À lire cet extrait de l’interview de Salim Hatubou, on pourrait hâtivement conclure que son livre est un roman sociologique qui fait, en quelque sorte, l’analyse d’une situation politique et humaine complexe à Mayotte. Ce serait oublié que Salim, en s’employant à dénoncer ce qui apparait comme une injustice à ses yeux, reste l’écrivain, le romancier soucieux d’une esthétique soignée laquelle, porte en son sein, son cri de revendication et de dénonciation adressé à ses lecteurs.
Dans la mêlée
Honte à vous ! Oui, honte à vous ! Où sont passées les plaines traversées par les ruisseaux de miel pour lesquels vous avez renoncé à vos racines et vos identités ? Je parcours la vie et implore la cécité qui me refuse, car, entendez bien mes yeux sont fatigués de ces étendues couvertes de rivières d’humiliations. Et pourtant, oui et pourtant, je voudrais attendre pour écouter le chant de l’aube, le jour où ma terre s’éveillera !

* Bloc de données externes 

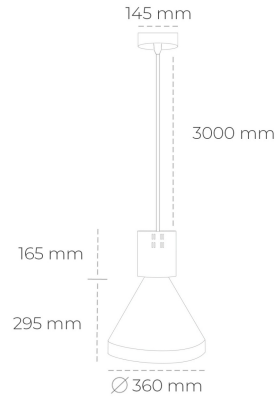

# DOWNLIGHT PARTHEN 1 935 20W 45° WHITE PREMIUM WHITE ON/OFF

Article number: N221-K0003-HE935-HA-G45-ZA01\_500-S1-###

LED	COB
Light colour	3500 [K] PREMIUM WHITE
CRI	90
Led chip flux	2973 [lm]
Luminous flux	2675 [lm]
System power	20 [W]
Luminaire Efficiency	134 [lm/W]
Beam angle	45°
Controller	ON/OFF
MacAdam	3 SDCM

### Downlight LED

Suspended LED decorative luminaire. Aluminium housing. Plastic cover included. Available in white, black and grey. Any RAL palette colour available on enquiry. Reflector beams available: 15°, 23°, 38°, 45° and 60°. Maximum power is 31W.

### LUMINAIRE

Weight	2,13 [kg]
Protection rating IP , IK , class	IP 20, IK 1,
Luminaire colour	WHITE
Cover	Plastic
Operating voltage	220-240V 50-60Hz

Note: All data are typical values. Tolerance of measurements +/-10% System features may change with product improvements due to technical advances.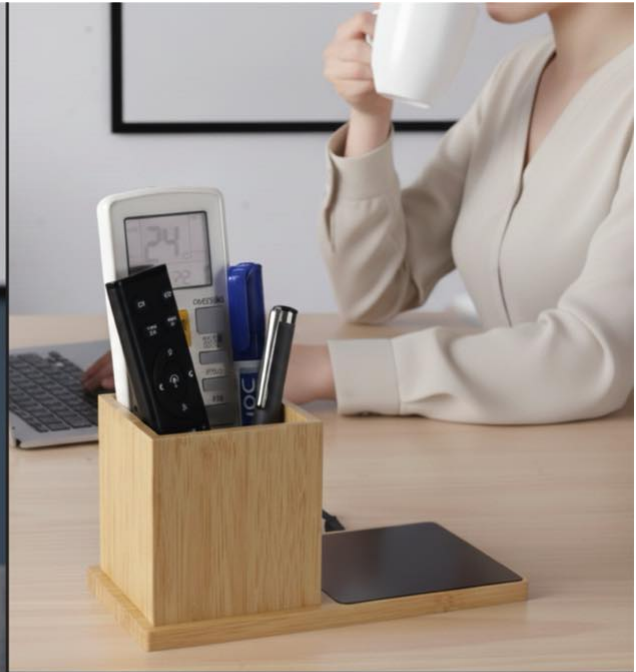

POWERFUL
12 WATT HEATING

PEN
HOLDER

BamBrew

BAMBOO LARGE PEN STAND WITH CUP WARMER

Product Code : C 200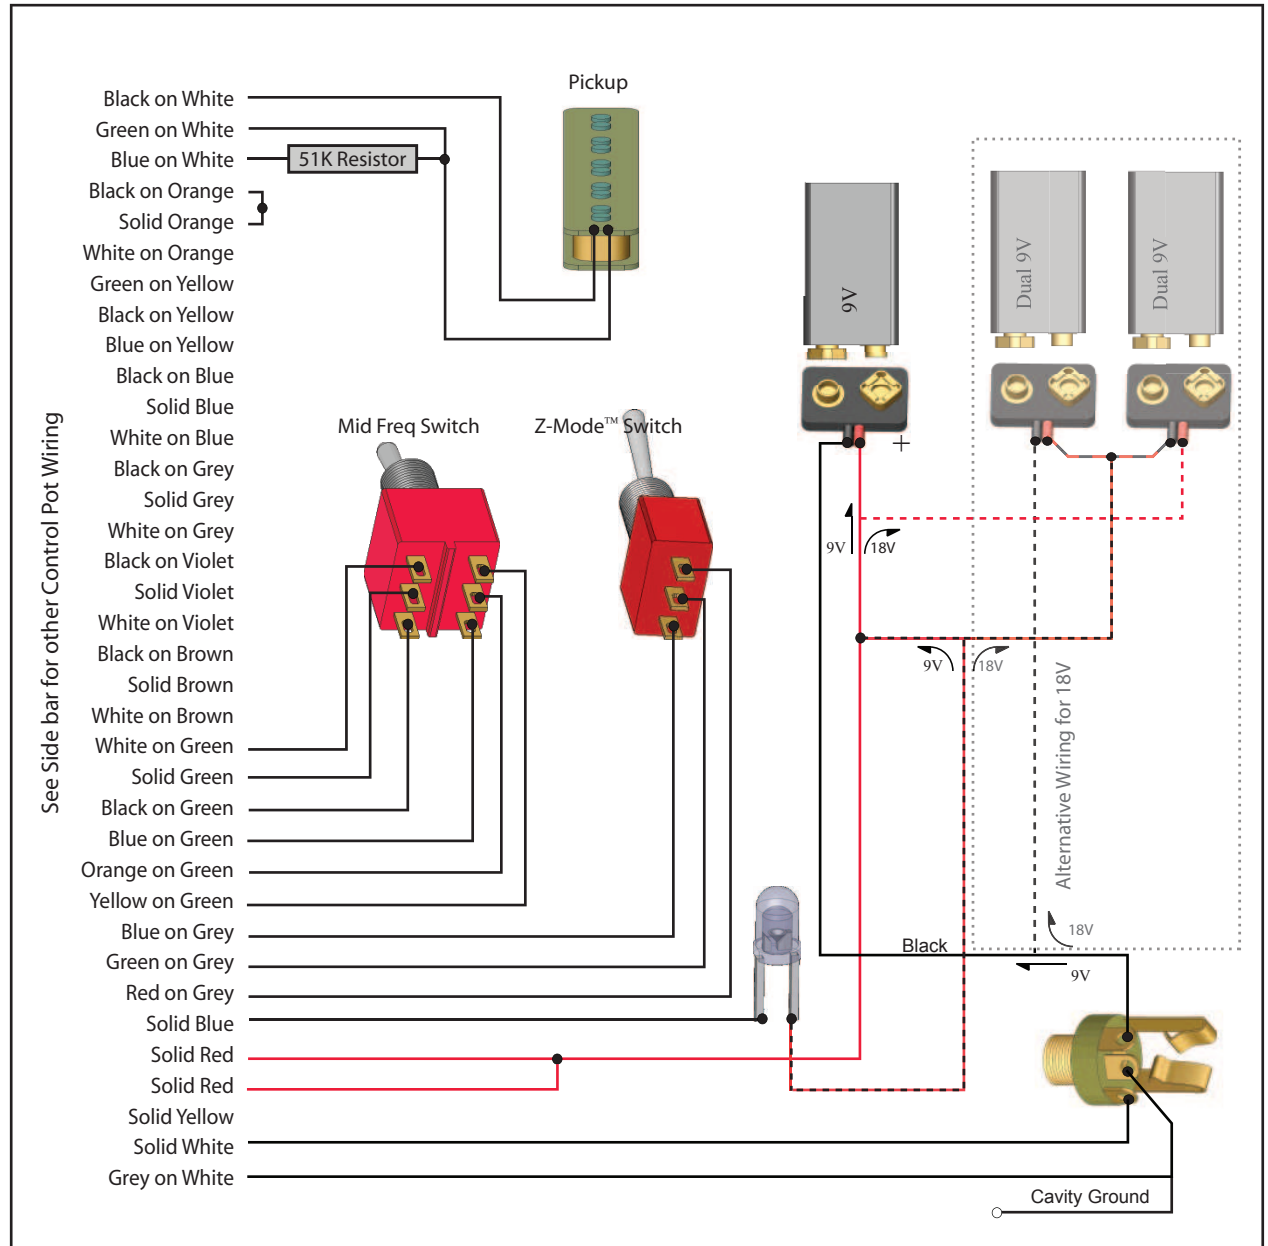

Model 3ZB for Bass Guitar
Drawing 3ZB-1V3B

Audere Audio www.audereaudio.com

Wiring for Vol and Stacked or Individual Active Tone Pots

Wire Jacket Colors:

- Blue → Bass
- Grey → Mid
- Violet → Treble
- Brown → Volume

Optional Tone Control

Pickup

- High Z Capacitance Adjustment
- Low Z Gain Adjustment

- Black on White
- Green on White
- Blue on White
- Black on Orange
- Solid Orange
- White on Orange
- Green on Yellow
- Black on Yellow
- Blue on Yellow
- Black on Blue
- Solid Blue
- White on Blue
- Black on Grey
- Solid Grey
- White on Grey
- Black on Violet
- Solid Violet
- White on Violet
- Black on Brown
- Solid Brown
- White on Brown
- White on Green
- Solid Green
- Black on Green
- Blue on Green
- Orange on Green
- Yellow on Green
- Blue on Grey
- Green on Grey
- Red on Grey
- Solid Blue
- Solid Red
- Solid Red
- Solid Yellow
- Solid White
- Grey on White

Ainsi, Salim Hatubou rejoint-il parfaitement Hugo lorsqu’il définit la fonction du poète qui doit, entre autres, être de guider ou de réveiller le peuple et les consciences. Dans « la fonction du poète » Hugo écrivait :
Quand les haines et les scandales
Tourmentent le peuple agité !
Honte au penseur qui se mutile
Et s’en va, chanteur inutile,
Par la porte de la cité !
« Honte au penseur qui se mutile, chanteur inutile ». Honte donc à l’écrivain, à l’artiste et sans doute à l’intellectuel inutile qui contemple, sans mot dire, sa cité brûler. Oui, l’intellectuel aussi, figure complexe et parfois déroutante. Peut-il rester neutre ? Peut-il continuer à garder le silence pendant que la tyrannie étouffe son propre peuple ? S’il est bien connu que parmi ceux qui dénoncent et combattent les tyrannies dans le monde se trouvent des intellectuels, il est également connu qui d’autres « intellectuels » s’emploient, par un discours savamment élaboré à les légitimer. Or, Salim Hatubou, comme bien d’illustres écrivains des Comores et d’ailleurs avant lui, a opté pour un double engagement. Il a choisi d’être dans la mêlée en épousant directement le combat du peuple, en étant sur le terrain, en manifestant et il a aussi choisi, à travers sa plume, de servir de guide, de flambeau pour ce même peuple. Il n’est donc aucune neutralité possible face à l’injustice.